Philadelphia police are investigating a series of acts of vandalism in Jewish buildings after graffiti was spray-painted sometime over the Jan. 14-15 weekend on the door of a mikvah under construction in a strip mall near Congregation Beth Solomon in Northeast Philadelphia.
The front of the mikvah, which was recently built with pricey Jerusalem stone to resemble the Kotel in the Holy City, was the only structure attacked among a dozen located in the strip mall, although it can’t be determined if the site was targeted as an anti-Semitic act.
This follows the recent destruction of five security cameras on Dec. 24 at the mall.
Business owners there then decided to install 16 heavy-duty security cameras Dec. 28. Those cameras were destroyed within a 45-minute span less than two weeks later, where the perpetrators got on the roof and cut wires. Each incident was reported to the police.
Now comes the defacement of the mikvah. Whether these events are connected is uncertain. However, it has left synagogue officials concerned, especially following the recent theft of a nemorah, which was later returned.
They don’t know if the spray-paint damage is permanent.
“It’s spray-painted on the stone, so we don’t know if we can clean it,” said Rabbi Akiva Pollack, educational director at Beth Solomon, which is located a block from the mikvah. “For us to get more Jerusalem stone would be very expensive.
“People are really upset. We just put this beautiful thing up and they write this senseless graffiti for no reason. It’s upsetting.

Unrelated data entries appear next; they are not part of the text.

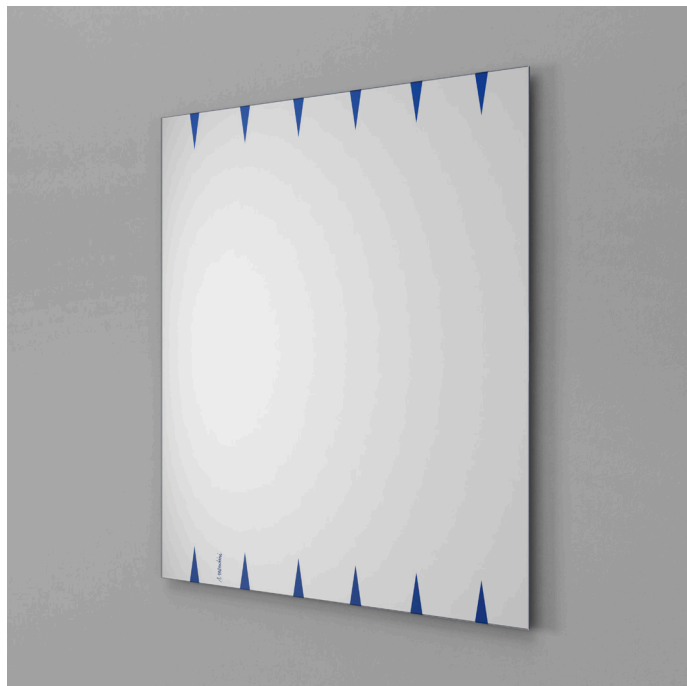

750x800 — 20

MOD. VE02

1	kg 7,45	kg 10,25	1	m³ 0,08	11 85,8 80,8
Pezzi per collo Pieces per parcel Stückzahl pro Frachtstück Pièces par colis Piezas por bulto	Peso netto Net weight Nettogewicht Poids net Peso neto	Peso lordo Gross weight Bruttogewicht Poids brut Peso bruto	Numero colli Number of parcels Anzahl Frachtstücke Nombre de colis Número de bultos	Volume totale Total volume Gesamtvolumen Volume total Volumen total	Dimensioni Measures Abmessungen Dimensions Dimensiones

Struttura / Structure / Gestell / Structure / Estructura
Vetro / Glass / Glas / Verre / Vidrio

Finitura / Finish / Ausführung / Finition / Acabado

- Nero / Black / Schwarz / Noir / Negro
- Blu / Blue / Blau / Bleu / Azul
- Giallo / Yellow / Gelb / Jaune / Amarillo

“We’ve been building for a year and a half. A month ago, when we put up the Jerusalem stone, which looks like the Holy Wall, is when the problem really started.”
But the problem isn’t isolated to the mikvah location.
“This is happening almost constantly in the shopping center,” said Lev Rapoport, the mall association president. “We had the cameras installed because people were hanging around all the time.”
Because the mikvah became the target of the latest incident, synagogue officials find it hard to believe it is a coincidence. They’re considering potential responses, including a neighborhood watch. The size of the strip mall, however, makes hiring private security impractical.
“The reality is we don’t know what to do,” said Rabbi Solomon Isaacson, who’s been there for more than 40 years. “At the end of the day, the synagogue is where people who go to work come back and pray.”
Northeast Philadelphia has seen other acts of vandalism to Jewish facilities in recent days.
Windows were broken at Temple Menorah Keneseth Chai on both Dec. 2 and Jan. 6. Those incidents remain under investigation.